A "cold opening" is TV-industry jargon for an introduction that lacks credits or titles. In other words, the show just starts, and they wait a few minutes to tell you what you're watching.

Lots of shows start this way -- Saturday Night Live is a good example. You're thrust into that introductory sketch without any indication that the show is starting, or that it's SNL that you're watching. Going from memory, I think Mission: Impossible and all the Star Treks have had cold openings as well.

It's not that they're trying to trick you or anything; it's just one option for how to start your show. The alternative is to open with credits, theme song, or announcer -- The Tonight Show and its ilk don't use cold openings, for example, and neither does The Simpsons.

There's probably some disgusting anatomy-related joke to be made here, but it eludes me.
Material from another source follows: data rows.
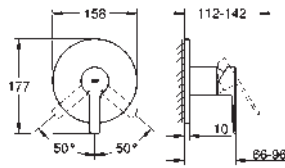

GROHE LINEARE

Ref. No. Colour Price netto (€)

24 063 001 chrome 161.00
24 063 DC1 supersteel 225.00

Lineare
Single-lever shower mixer
set for final installation for
GROHE Rapido SmartBox 35 600 000
GROHE SilkMove 46 mm ceramic cartridge
GROHE StarLight chrome finish
wall escutcheon with **GROHE QuickFix** (covered
escutcheon- and shaft sealing, covered fixing)
metal escutcheon, retroactively 6° adjustable
metal lever
flow performance:
outlet B or C = 30 l/min
without roughing-in-set

35 600 000 chrome 68.00
GROHE Rapido SmartBox universal rough-in box for concealed installation

24 064 001 chrome 177.00
24 064 DC1 supersteel 248.00

The Cold Open is the part of a television program that occurs after the end of the preceding program and before the title card and/or opening credit sequence. The 'Cold' part comes from the fact that viewers watching them after the end of whatever program they were watching before are coming to the show with absolutely no information about what it is that they're looking at. Those first few seconds more or less determine if the show gets new viewers or not.

On a thematic level, a Cold Open serves to drop viewers straight into the action without having them watch a title sequence. It's an effective way to give a story a running start, and it establishes the pacing for the rest of the program.

Cold Opens used to be less common occurrences than they are now, restricted to hour-long dramas that asked a more substantial investment of a viewer's attention. Nowadays you see them everywhere, and their proliferation has muted their effect somewhat.